═══ Data to use ═══

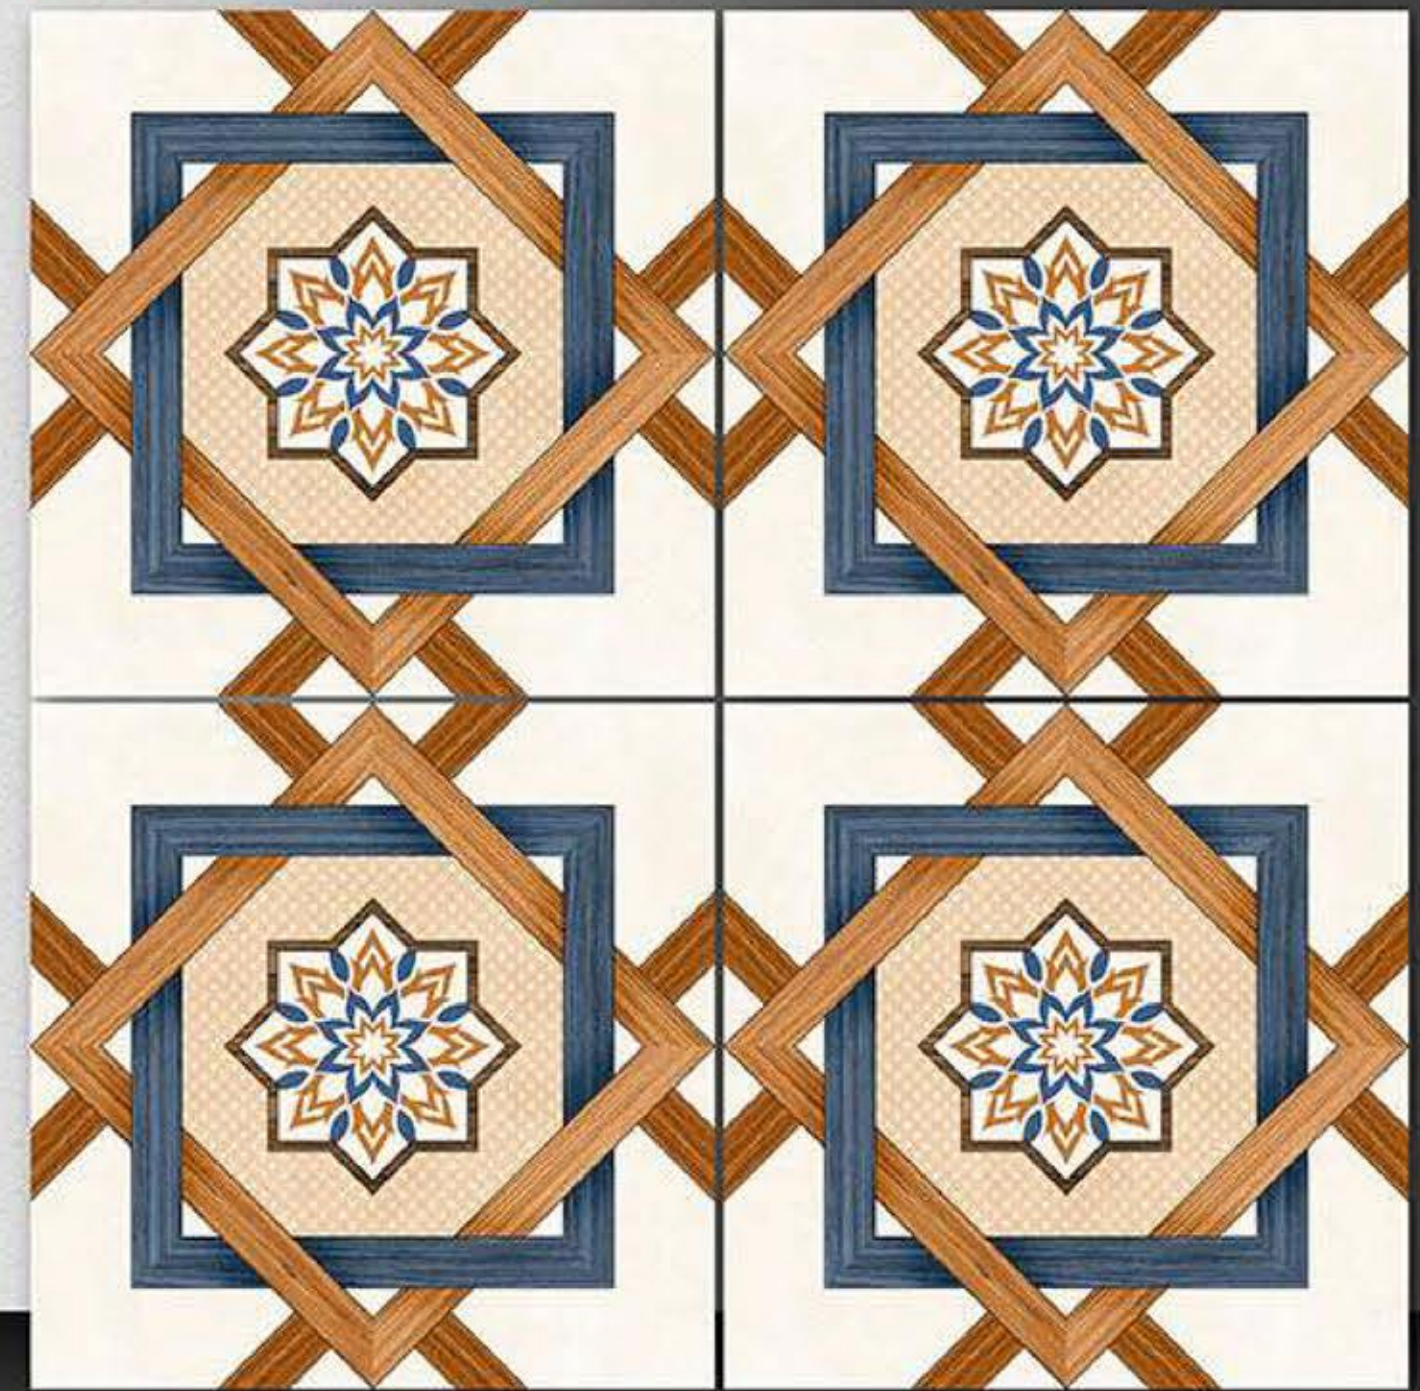

Series
Galicha
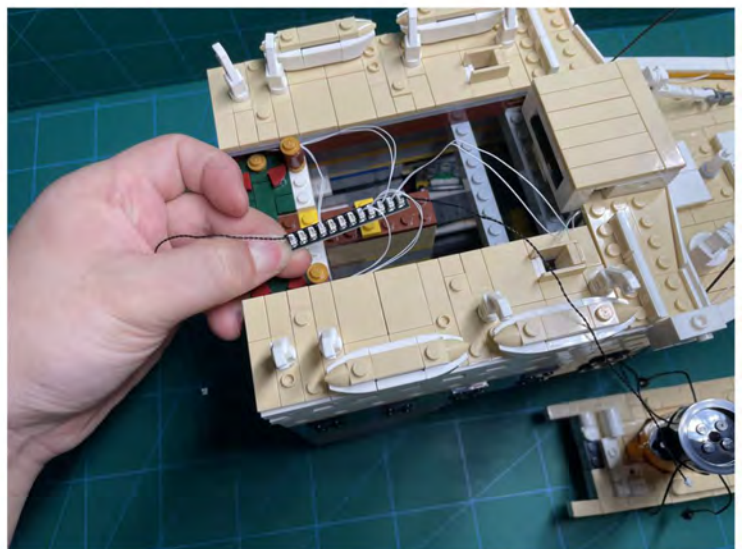

LIGHTING KIT
designed for LEGO sets

Led Light Installation Guide

Lego 10294

Titanic

THANK YOU!

Thank you for being part of the Brick Fans family and welcome to join us for the great experience in lighting up your LEGO set.

═══

_What the task asks_: Which lines run from the one holding "LIGHTING KIT" through the end of the data? Write them out exactly, ends included, and add nothing.

_Task answer_:
LIGHTING KIT
designed for LEGO sets

Led Light Installation Guide

Lego 10294

Titanic

THANK YOU!

Thank you for being part of the Brick Fans family and welcome to join us for the great experience in lighting up your LEGO set.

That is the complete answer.